Overview

Introduction

The CLAMS Vocabulary defines the type system used in the CLAMS project, notably used for annotating and describing multimedia content in a Multi-Media Interchange Format (MMIF) serialization. It provides:

  • Type Definitions - Pydantic-based models for annotation and document types

  • Runtime Validation - Automatic validation of serialized Annotation objects against type schemas

  • Versioning - Independent versioning of vocabulary types separate from the MMIF specification

  • Machine-Readable - JSON Schema generation and IDE support through Pydantic

Purpose

MMIF is a JSON-LD based format for representing multi-modal annotations on multimedia content.
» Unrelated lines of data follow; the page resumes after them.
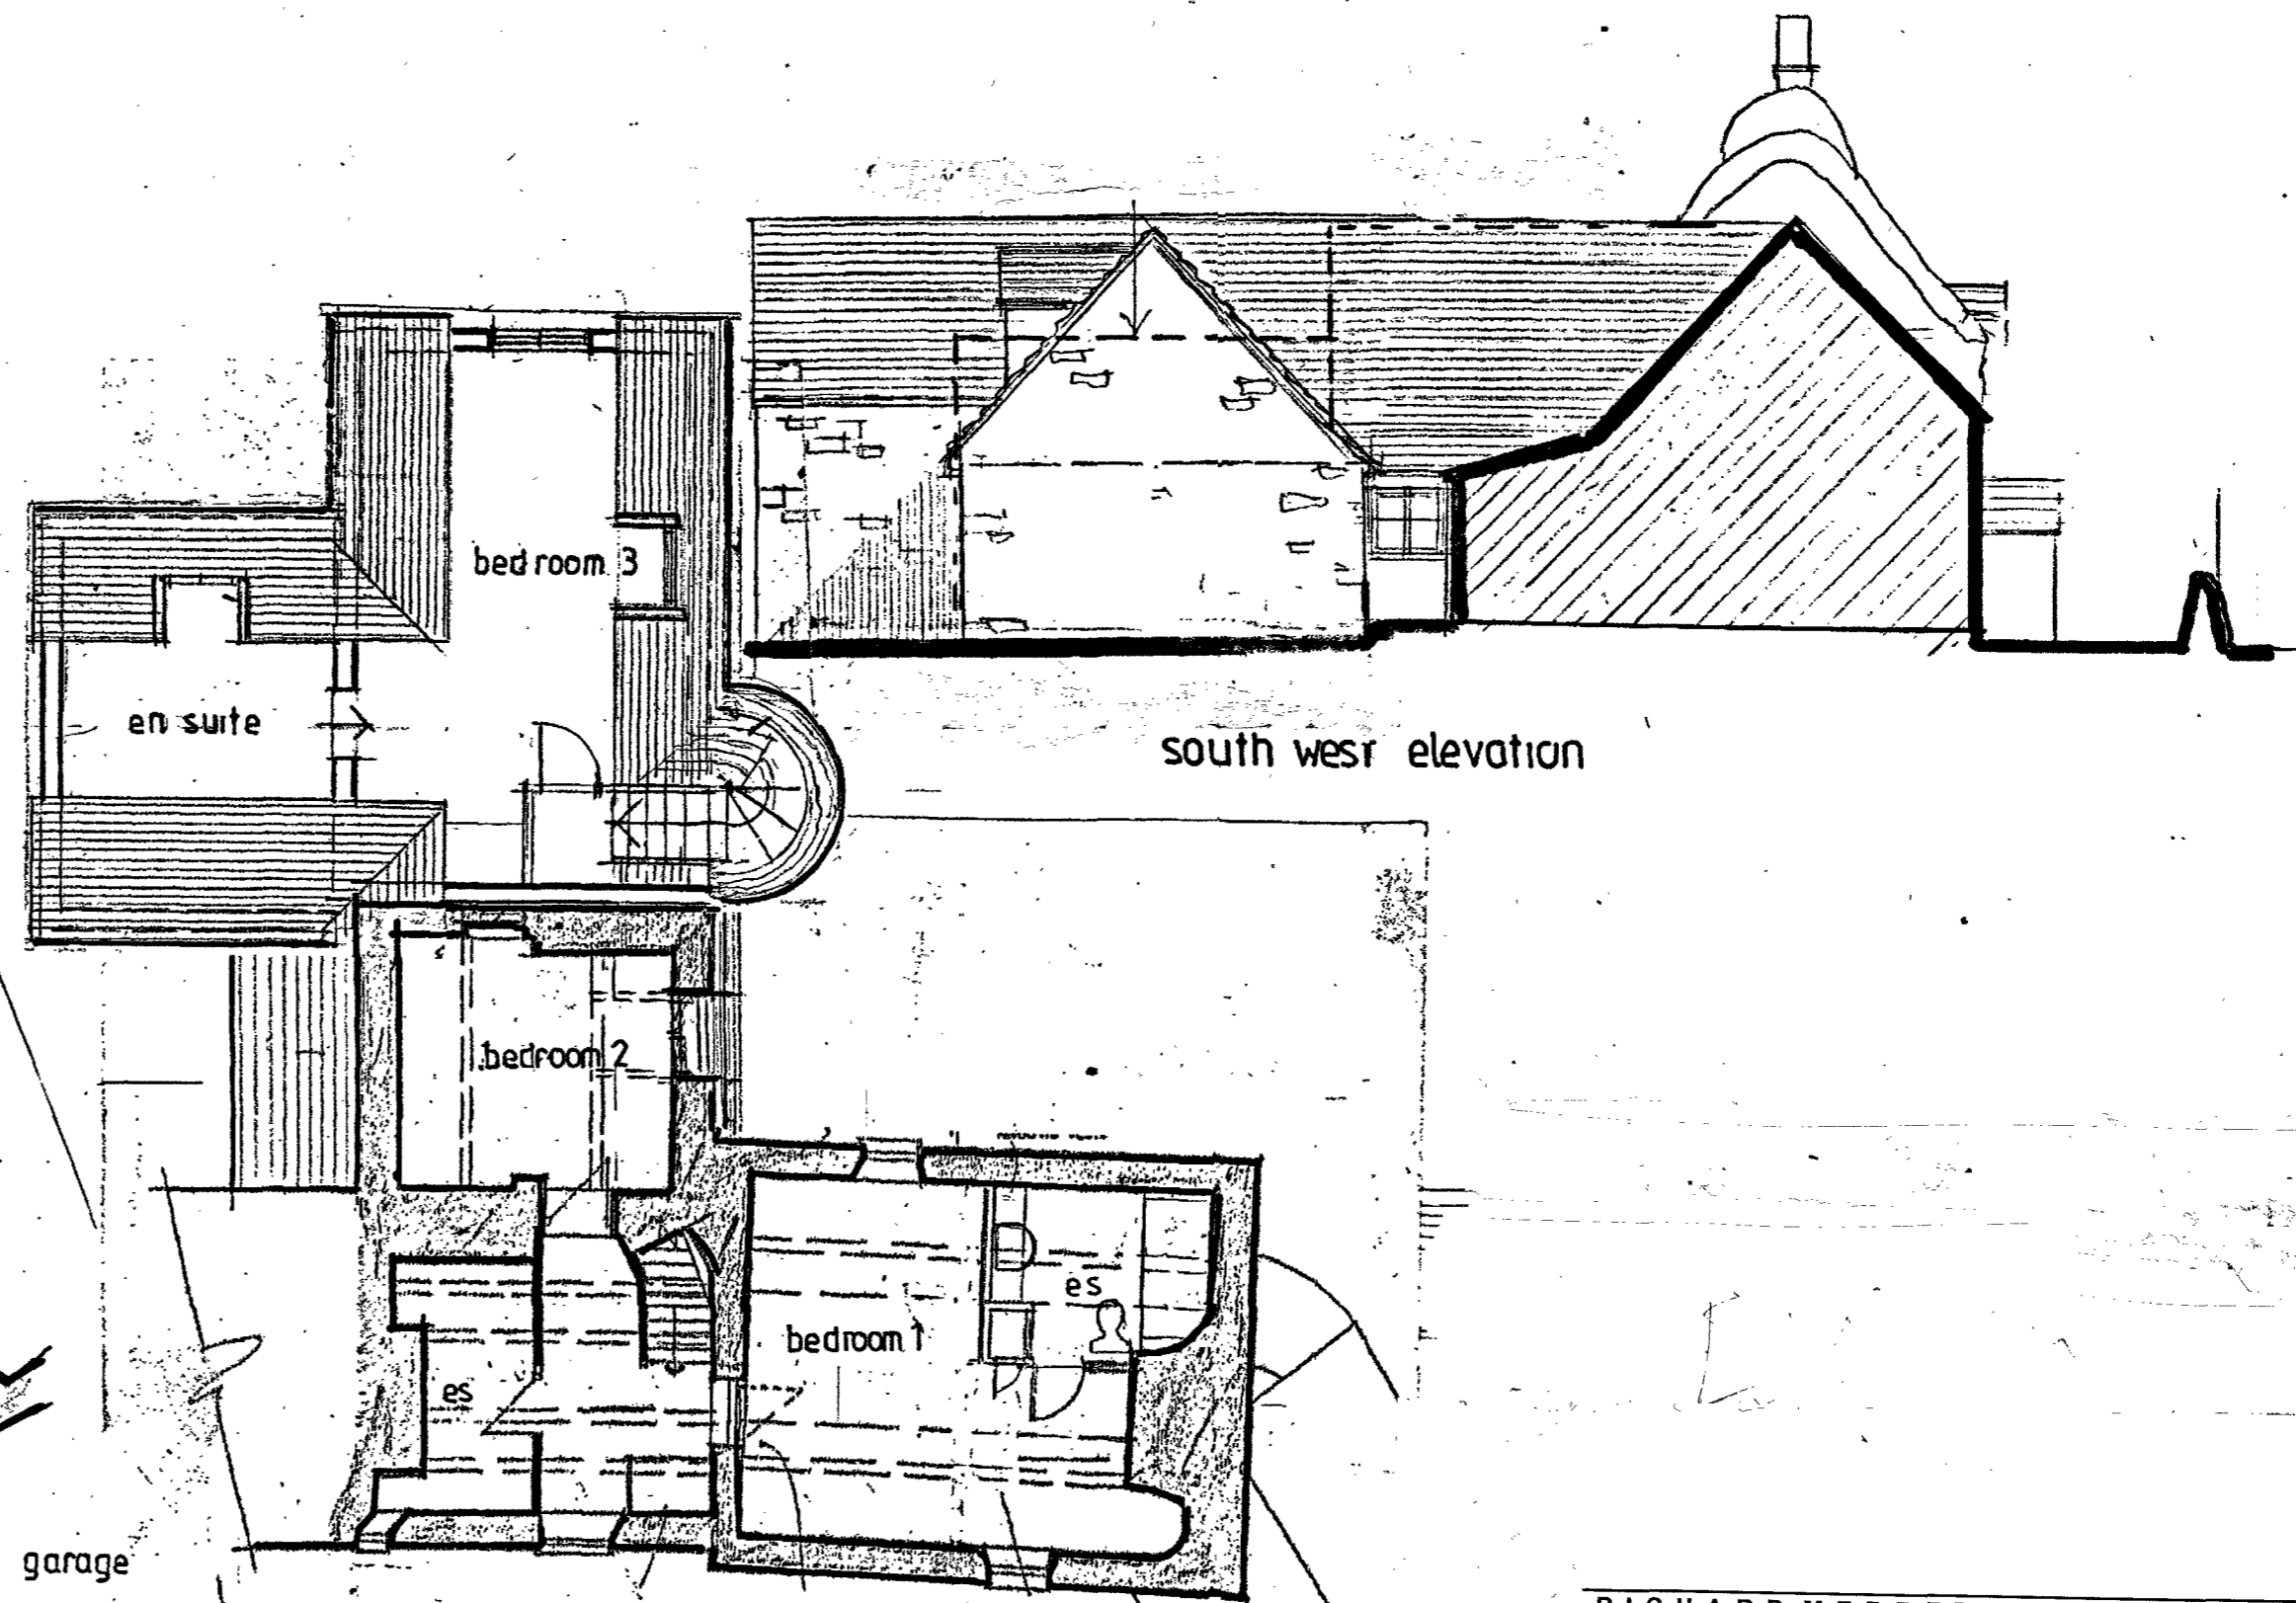

north west elevation

north east elevation

ground floor plan

first floor plan

**RICHARD MERRETT+ARCHITECTURE**  
 6 Chapel Gardens, Stretton on Fosse, Moreton in Marsh, Glos. GL569SL  
 Tel 01608 662078 e-mail merrettarc@btinternet.com

Project: Proposed installation of woodfired cookstove and flue at  
 Medlar Cottage, 27 Taynton, Burford.

Client: MRS ALLYSON COLEMAN

Drawing: EXISTING PLANS AND ELEVATIONS

Date: February 2024

Scale: 1:100 @ A2

Drawing no: 2024/15/01
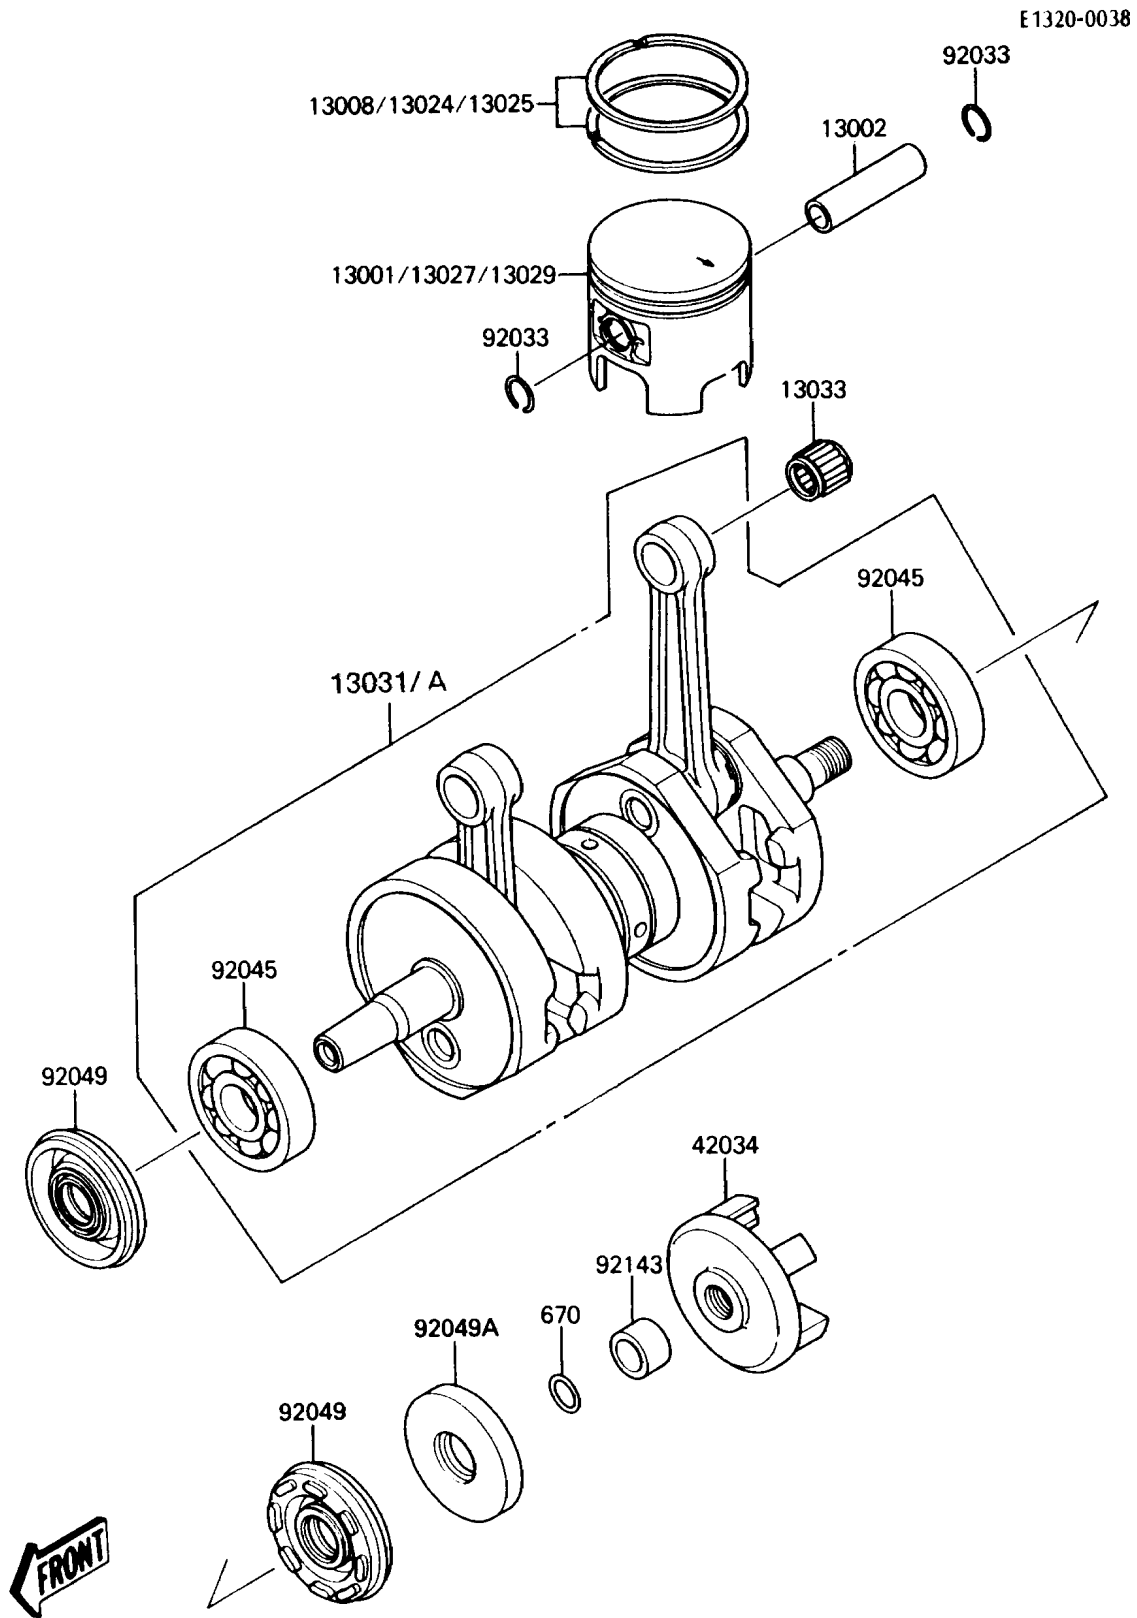

1988 JET SKI® 650 SX PARTS DIAGRAM

Crankshaft/Piston(s)

1988 JET SKI® 650 SX PARTS LIST

Crankshaft/Piston(s)

ITEM NAME	PART NUMBER	QUANTITY
PISTON-ENGINE,STD (Ref # 13001)	13001-3701	1
PIN-PISTON (Ref # 13002)	13002-017	1
RING-SET-PISTON,STD (Ref # 13008)	13008-5066	1
RING-SET-PISTON LL,O/S 1.00 (Ref # 13024)	13024-5029	1
RING-SET-PISTON L,O/S,0.50 (Ref # 13025)	13025-5030	1
PISTON-ENGINE LL,O/S 1.00 (Ref # 13027)	13027-3701	1
PISTON-ENGINE L,O/S 0.50 (Ref # 13029)	13029-3701	1
CRANKSHAFT-COMP (Ref # 13031)	13031-3704	1
CRANKSHAFT-COMP (Ref # 13031A)	13031-3705	1
BEARING-NEEDLE,KBK18X22X23.8X (Ref # 13033)	13033-1010	1
COUPLING (Ref # 42034)	42034-3705	1
RING-SNAP,PISTON PIN (Ref # 92033)	92036-015	1
BEARING-BALL,#6306 (Ref # 92045)	92045-037	1
SEAL-OIL,FWJ15307210 (Ref # 92049)	92049-3705	1
SEAL-OIL,S30726 (Ref # 92049A)	92049-3706	1
COLLAR (Ref # 92143)	92027-3713	1
O RING,14MM (Ref # 670)	670B2014	1

The CLAMS Vocabulary serves as the controlled vocabulary layer for “Annotation” objects in the MMIF serialization, defining:

  1. Annotation Types - How to represent linguistic, visual, and audio annotations

  2. Document Types - How to represent source documents (text, video, audio, images)

  3. (planned) Controlled Vocabularies - Enumerated value sets for constrained properties

  4. (planned) Task Types - Definitions for processing content analysis tasks (NLP, CV, etc) and their general input/output relationships

Architecture

Pure Python Implementation

Earlier versions of the CLAMS Vocabulary were published as part of the MMIF specification in YAML format. The new implementation (as of 2026) uses pure Python with Pydantic models. Benefits include:

  • Single source of truth for types and validation

  • No separate schema generation step

  • IDE autocomplete and type checking

  • Runtime validation with clear error messages

Versioning Strategy

Each vocabulary type maintains independent versions:

  • Archetype - The current/desired state (human-edited)

  • Snapshots - Immutable historical versions (auto-generated)

When a type changes, the build system generates a new version snapshot, ensuring backward compatibility with older MMIF files.

Using the Vocabulary

For detailed usage instructions including import patterns, type resolution, comparison behavior, and property aliases, see the Usage Guide guide.

Integration with mmif-python SDK

The vocabulary integrates with mmif-python for MMIF serialization and deserialization. For integration details and migration guides, see the mmif-python documentation.